Work instruction
Here is the task for the records below: repeat exactly the lines from the one with "- with external LED power unit, electronic" to the one with "- recessing depth: 103", both included, and nothing else.

[Extracted records]

★ ★ ★ ★ ★

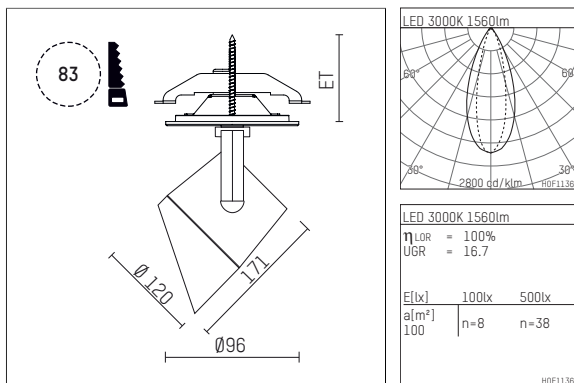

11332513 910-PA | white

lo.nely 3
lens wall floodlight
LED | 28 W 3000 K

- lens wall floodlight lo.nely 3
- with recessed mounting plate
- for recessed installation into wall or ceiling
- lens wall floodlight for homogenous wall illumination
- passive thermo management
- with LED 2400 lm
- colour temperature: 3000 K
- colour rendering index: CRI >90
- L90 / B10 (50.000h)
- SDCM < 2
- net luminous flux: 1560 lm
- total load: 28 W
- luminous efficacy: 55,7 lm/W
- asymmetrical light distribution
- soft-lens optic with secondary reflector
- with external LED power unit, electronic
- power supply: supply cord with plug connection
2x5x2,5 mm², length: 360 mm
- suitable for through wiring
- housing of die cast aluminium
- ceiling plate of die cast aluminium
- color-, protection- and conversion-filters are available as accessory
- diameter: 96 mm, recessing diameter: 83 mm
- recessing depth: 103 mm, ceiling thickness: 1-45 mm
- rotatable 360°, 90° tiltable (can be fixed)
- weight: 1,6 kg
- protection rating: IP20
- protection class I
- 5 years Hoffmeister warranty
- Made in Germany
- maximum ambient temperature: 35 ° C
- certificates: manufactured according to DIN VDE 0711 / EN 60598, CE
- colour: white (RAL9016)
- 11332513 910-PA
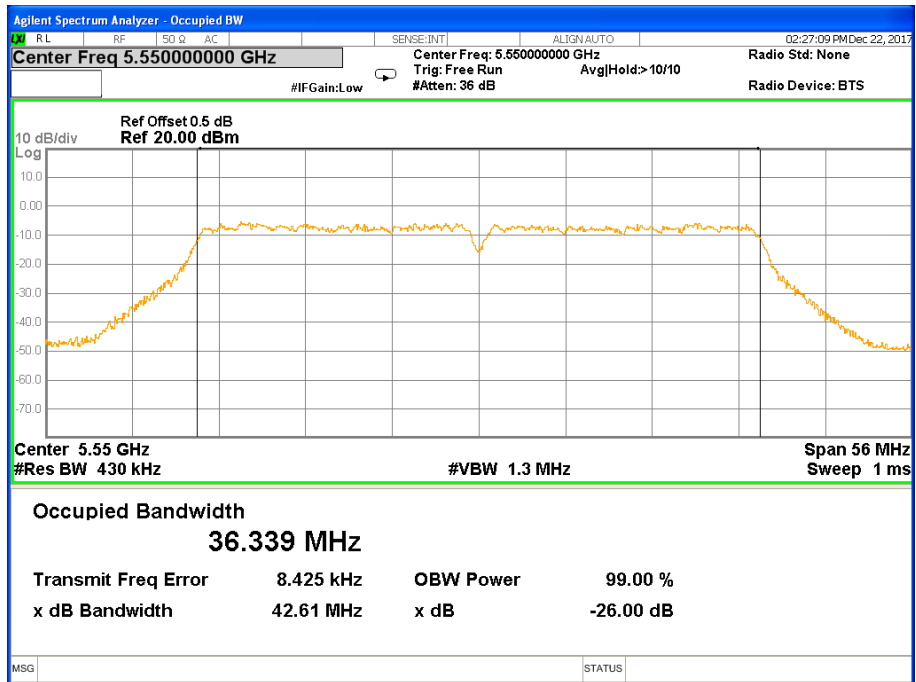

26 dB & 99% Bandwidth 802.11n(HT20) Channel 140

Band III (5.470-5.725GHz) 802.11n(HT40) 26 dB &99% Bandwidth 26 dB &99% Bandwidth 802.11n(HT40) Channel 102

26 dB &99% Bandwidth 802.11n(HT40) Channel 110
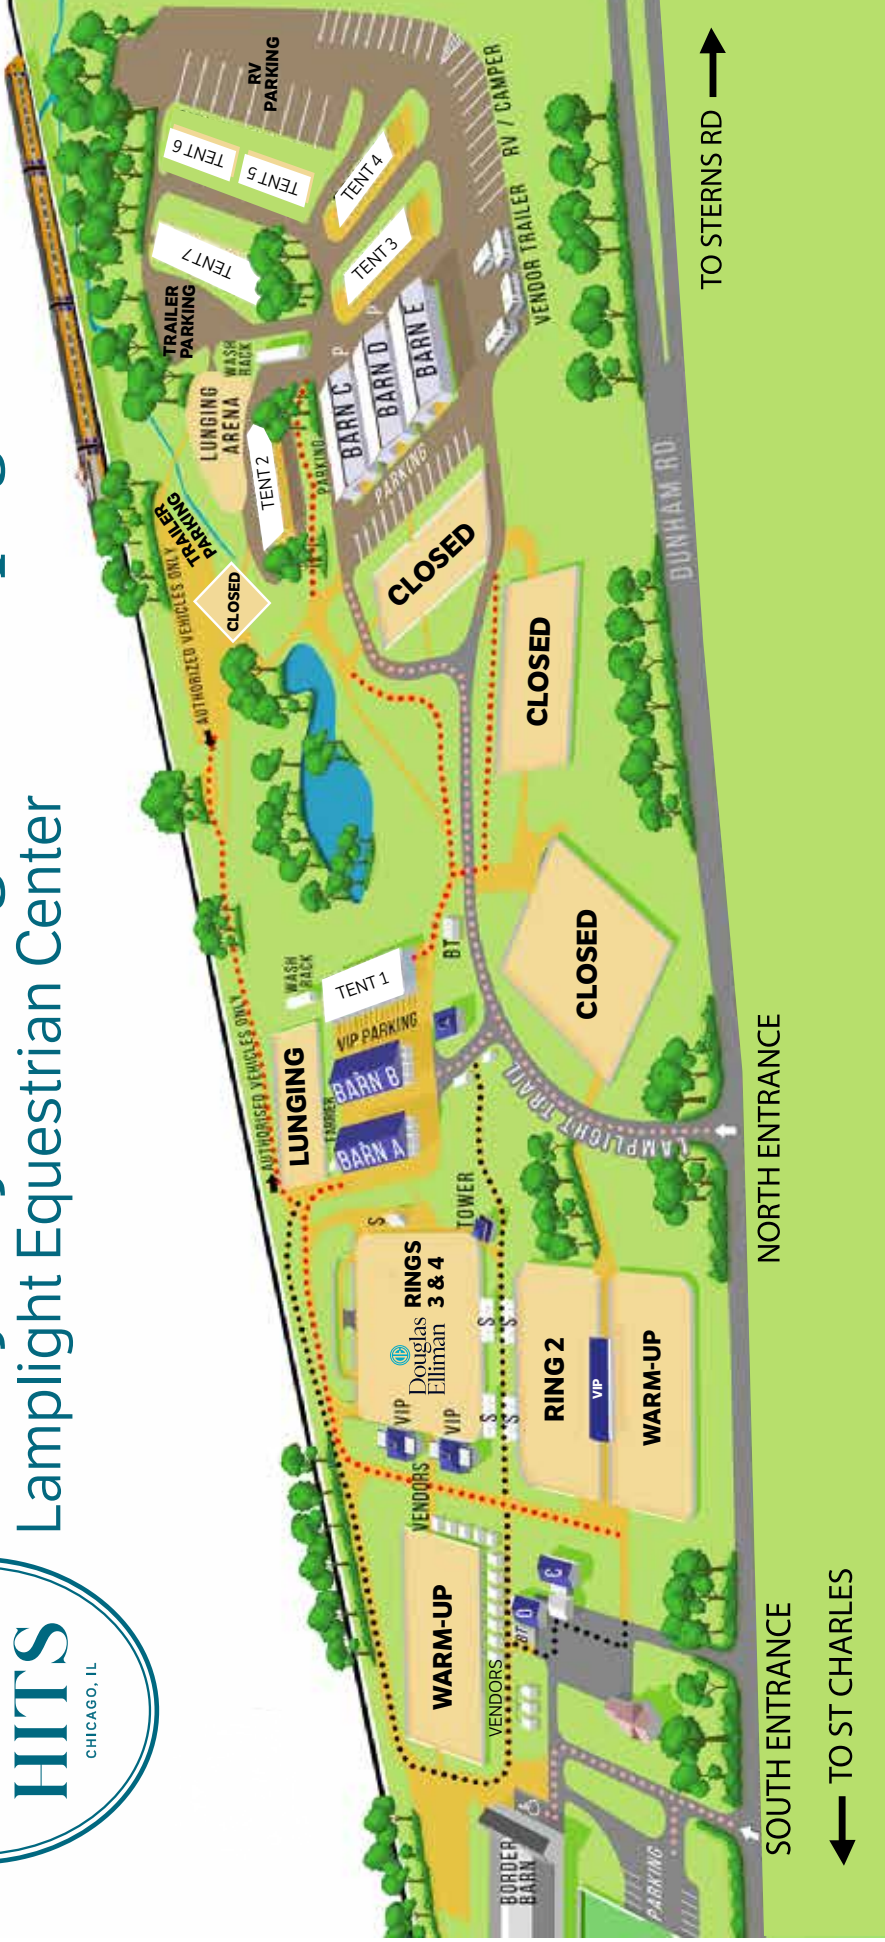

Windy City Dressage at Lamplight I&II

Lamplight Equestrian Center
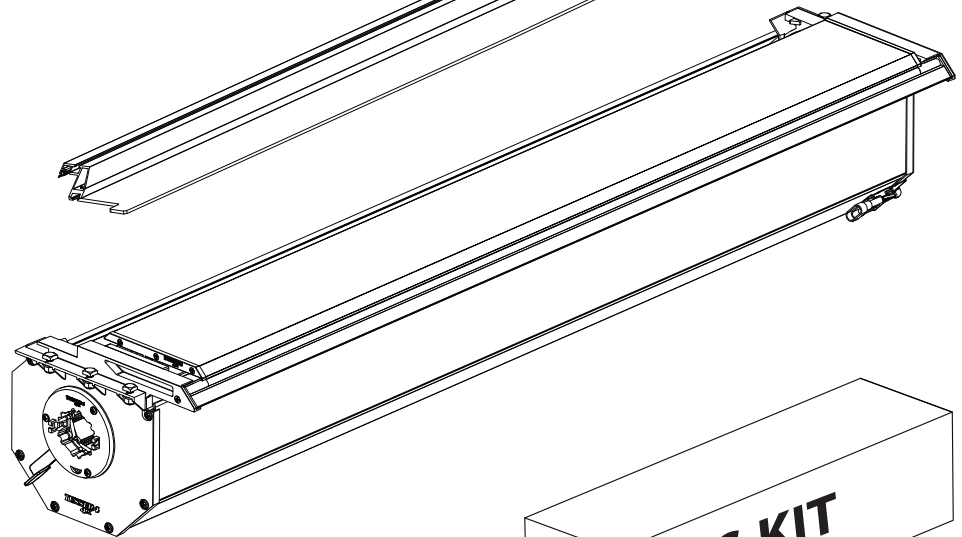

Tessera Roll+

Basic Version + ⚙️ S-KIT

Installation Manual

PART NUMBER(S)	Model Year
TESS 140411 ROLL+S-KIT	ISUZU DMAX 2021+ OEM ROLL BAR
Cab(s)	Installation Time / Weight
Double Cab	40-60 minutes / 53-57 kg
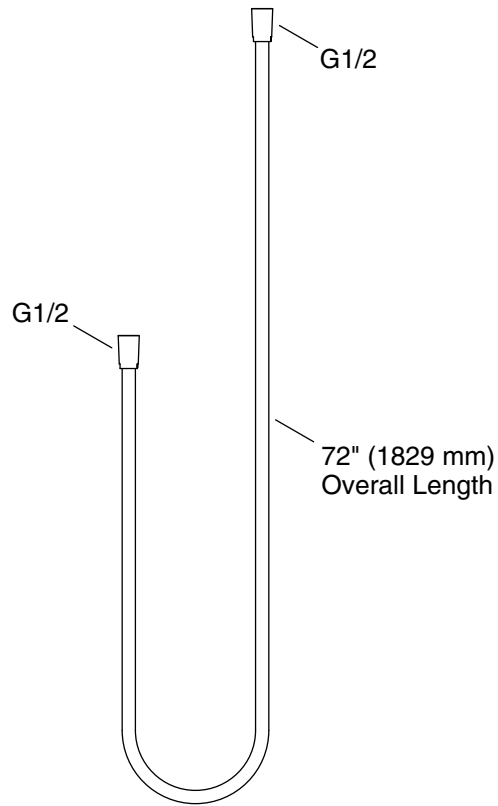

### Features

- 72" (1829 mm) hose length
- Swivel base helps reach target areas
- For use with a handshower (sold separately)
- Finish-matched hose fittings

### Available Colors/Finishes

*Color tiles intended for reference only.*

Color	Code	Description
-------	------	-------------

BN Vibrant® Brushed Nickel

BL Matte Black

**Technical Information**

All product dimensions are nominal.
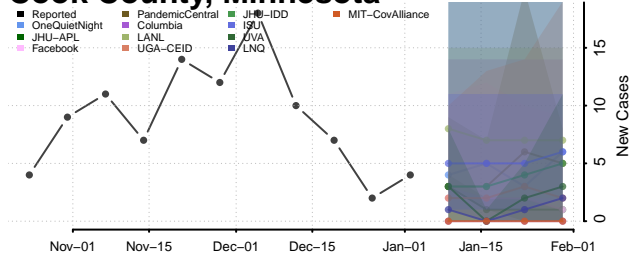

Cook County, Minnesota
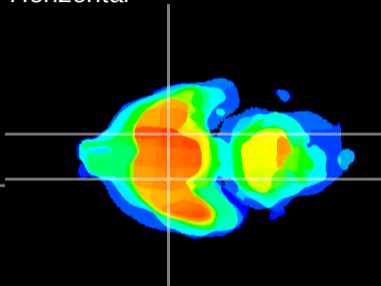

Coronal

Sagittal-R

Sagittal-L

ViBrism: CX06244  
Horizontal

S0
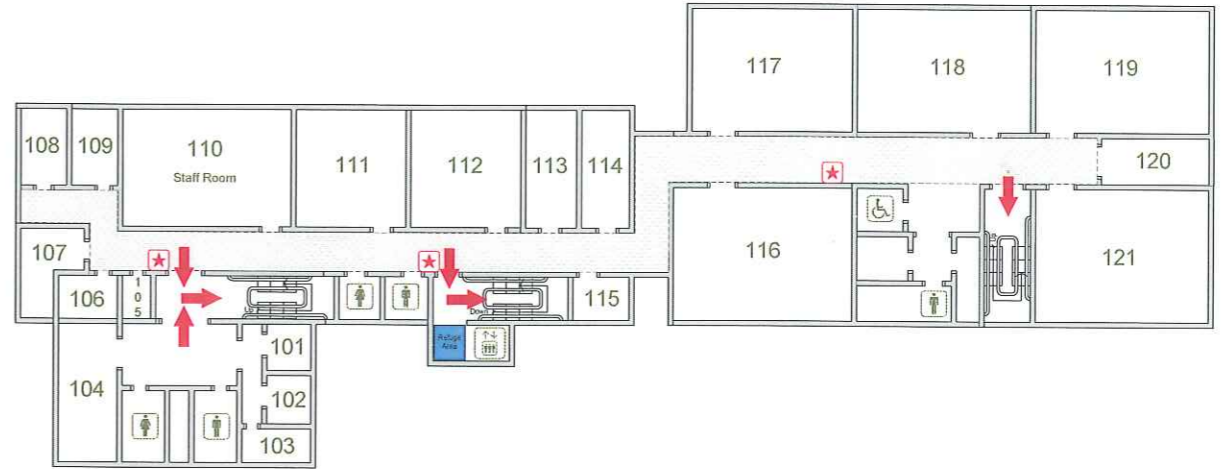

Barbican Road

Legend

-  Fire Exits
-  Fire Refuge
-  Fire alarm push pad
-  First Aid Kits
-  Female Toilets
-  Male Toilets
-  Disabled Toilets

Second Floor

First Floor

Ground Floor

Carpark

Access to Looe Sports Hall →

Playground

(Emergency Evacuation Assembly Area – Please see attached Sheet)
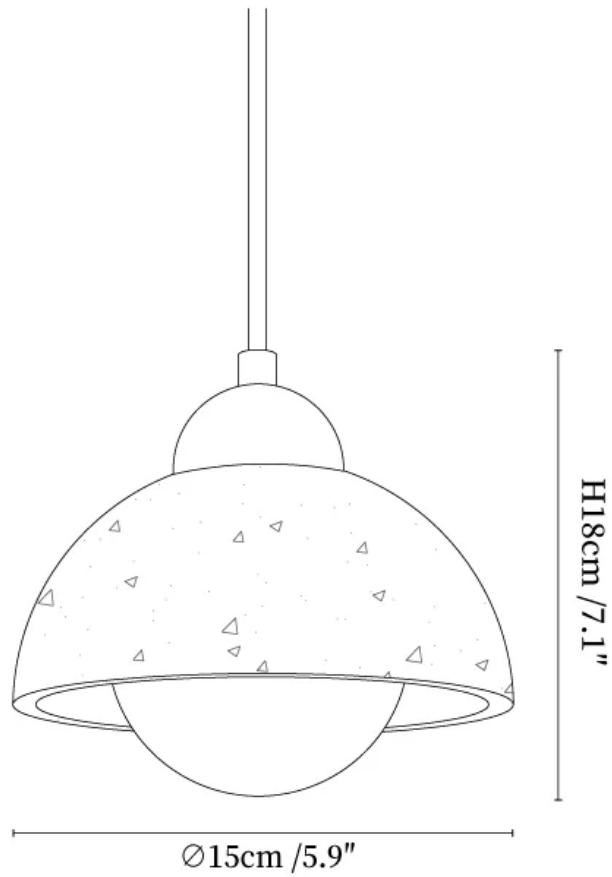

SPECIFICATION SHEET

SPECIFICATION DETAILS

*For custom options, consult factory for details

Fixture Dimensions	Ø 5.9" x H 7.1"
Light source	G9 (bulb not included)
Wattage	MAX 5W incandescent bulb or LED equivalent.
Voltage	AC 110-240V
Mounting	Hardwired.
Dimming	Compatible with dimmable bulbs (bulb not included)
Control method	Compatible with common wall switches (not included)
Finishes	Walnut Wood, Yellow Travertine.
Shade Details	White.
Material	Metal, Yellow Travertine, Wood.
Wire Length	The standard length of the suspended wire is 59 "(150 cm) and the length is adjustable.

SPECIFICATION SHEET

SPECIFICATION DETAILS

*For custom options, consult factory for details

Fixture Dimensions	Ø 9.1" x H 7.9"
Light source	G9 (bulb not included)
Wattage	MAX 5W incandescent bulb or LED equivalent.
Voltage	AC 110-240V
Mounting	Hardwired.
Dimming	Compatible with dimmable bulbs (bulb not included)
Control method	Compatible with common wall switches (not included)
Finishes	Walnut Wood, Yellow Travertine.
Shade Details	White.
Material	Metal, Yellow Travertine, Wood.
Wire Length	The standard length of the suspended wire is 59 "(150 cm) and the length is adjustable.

★ ★ ★ ★ ★

Solution below
- with external LED power unit, electronic
- power supply: supply cord with plug connection
2x5x2,5 mm², length: 360 mm
- suitable for through wiring
- housing of die cast aluminium
- ceiling plate of die cast aluminium
- color-, protection- and conversion-filters are available as accessory
- diameter: 96 mm, recessing diameter: 83 mm
- recessing depth: 103 mm, ceiling thickness: 1-45 mm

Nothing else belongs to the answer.